# ABOUT THIS TASK:
Down to the last line, retype the records below exactly and skip the pictures.
____ DATA IN THIS EXERCISE
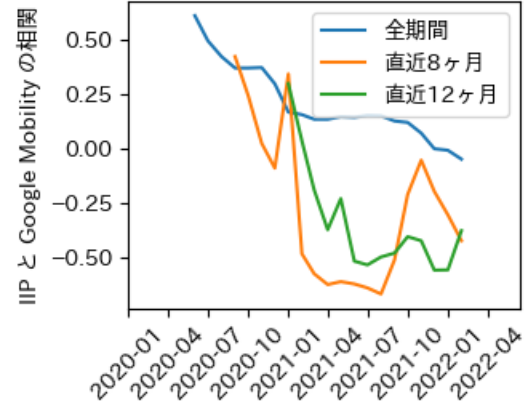

新規陽性者数前週比と Google Mobility の相関
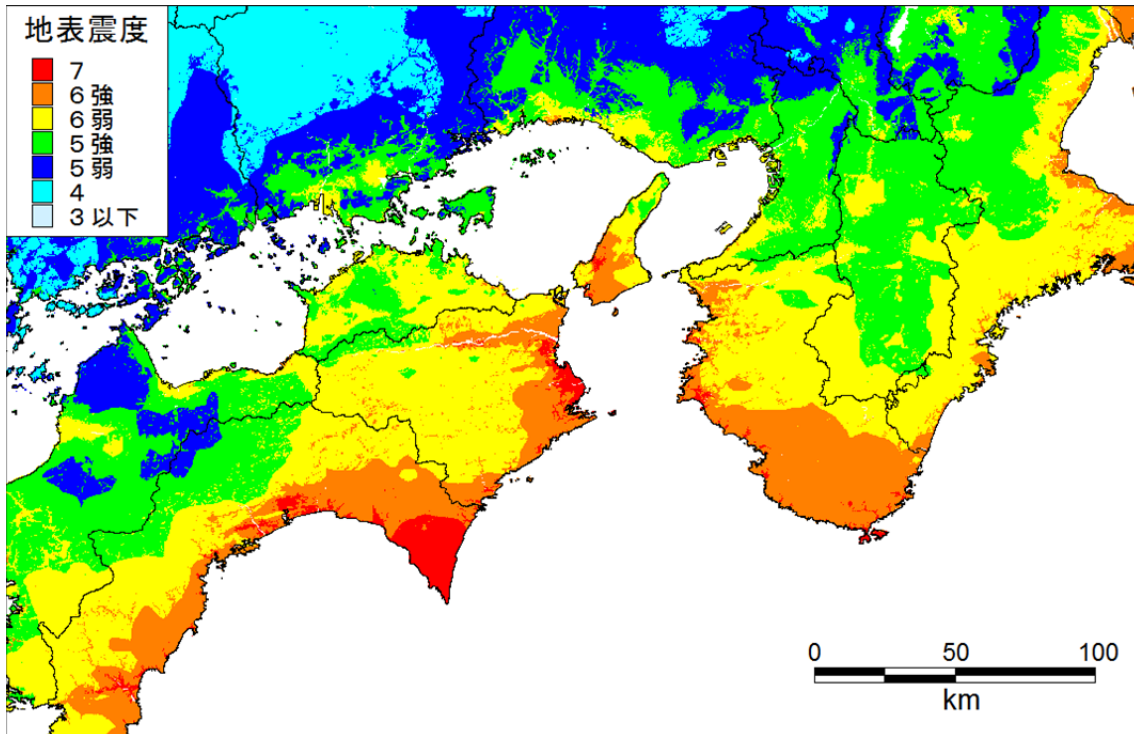

東側ケース 地表震度_全城

東側ケース 地表震度_関東-中部

東側ケース 地表震度_近畿-四国

東側ケース 地表震度_九州
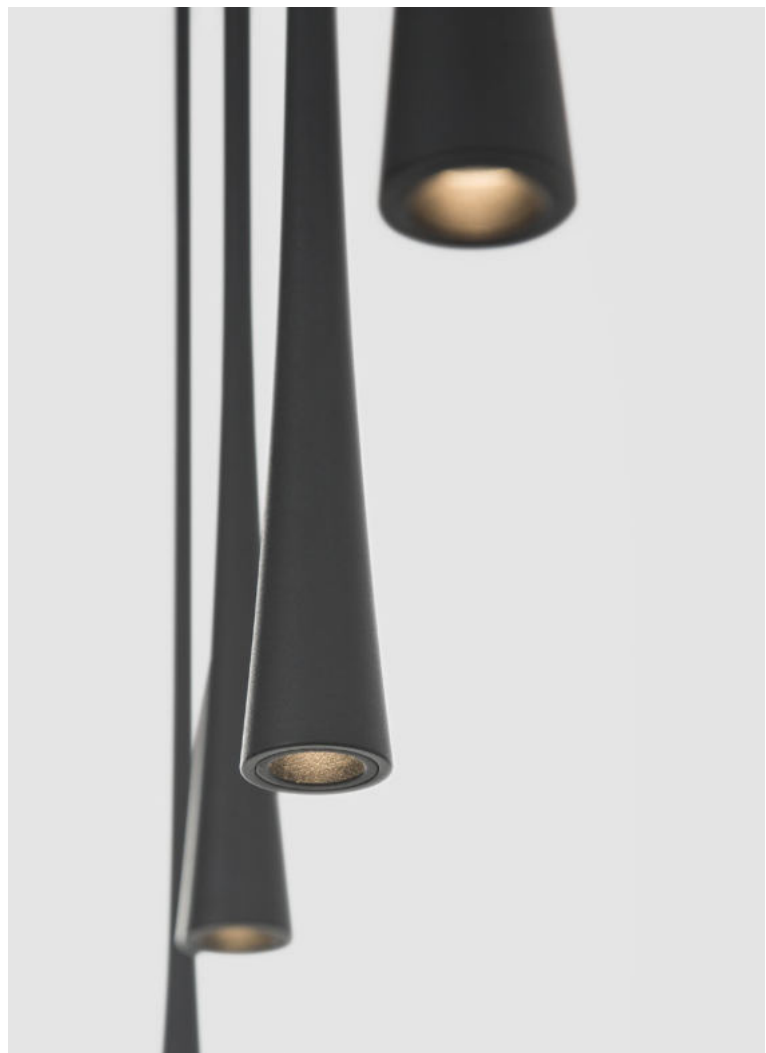

GOCCIO - 9504001

Black Aluminium & Steel
Black Fabric Wire
LED 5x7 Watt 230 Volt
1065Lm 3000K IP20
L: 110 W: 4.5 H: 60 Hz: 160 cm
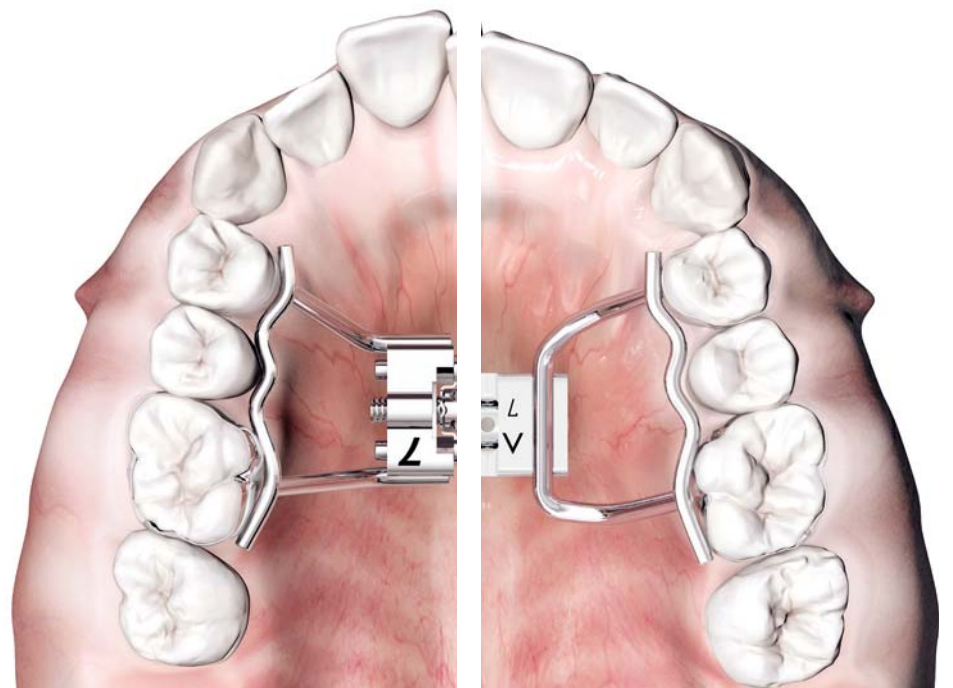

hyrax®

hyrax®  click

hyrax®  neo

**NEU!**  
hyrax®  neo  
mit und ohne Arme

## Dehnschrauben für alle Fälle.

Die **hyrax®** und **hyrax® neo** Schrauben (Hygienic Rapid Expansion Screw) sind Spezial-Dehnschrauben für die schnelle Gaumennahterweiterung mit Hilfe einer festsitzenden Apparatur.

⇒ Mehr erfahren zu unseren GNE-Schrauben.

  
**DENTAURUM**
________
# SOLUTION TO THE EXERCISE:
新規陽性者数前週比と Google Mobility の相関

東側ケース 地表震度_全城

東側ケース 地表震度_関東-中部

東側ケース 地表震度_近畿-四国

東側ケース 地表震度_九州

GOCCIO - 9504001

Black Aluminium & Steel
Black Fabric Wire
LED 5x7 Watt 230 Volt
1065Lm 3000K IP20
L: 110 W: 4.5 H: 60 Hz: 160 cm

hyrax®

hyrax®  click

hyrax®  neo

**NEU!**  
hyrax®  neo  
mit und ohne Arme

## Dehnschrauben für alle Fälle.

Die **hyrax®** und **hyrax® neo** Schrauben (Hygienic Rapid Expansion Screw) sind Spezial-Dehnschrauben für die schnelle Gaumennahterweiterung mit Hilfe einer festsitzenden Apparatur.

⇒ Mehr erfahren zu unseren GNE-Schrauben.

  
**DENTAURUM**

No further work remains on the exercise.